Task description: Give back every line of the material exactly. Skip the pictures.

Provided data:
- Opening Delimiter -

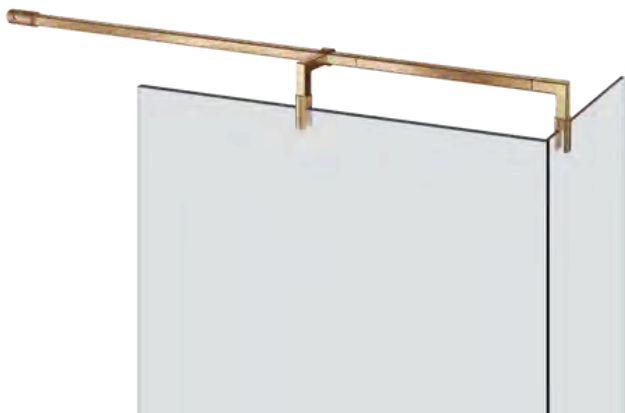

SWING SYSTEM

DIAMANTATO TUKITANKO

- Diamantato timanttikuvioitu lasioven tukitanko, T-malli
- Asennus seinä-lasi
- Pituus räätälöitävissä 600mm - 1265mm
- Soveltuu 8-10mm paksuisille lasille
- Täysmetallinen

[Lisätietoja tuotteesta löydät täältä](#)

- Closing Delimiter -

Written response:
SWING SYSTEM

DIAMANTATO TUKITANKO

- Diamantato timanttikuvioitu lasioven tukitanko, T-malli
- Asennus seinä-lasi
- Pituus räätälöitävissä 600mm - 1265mm
- Soveltuu 8-10mm paksuisille lasille
- Täysmetallinen

[Lisätietoja tuotteesta löydät täältä](#)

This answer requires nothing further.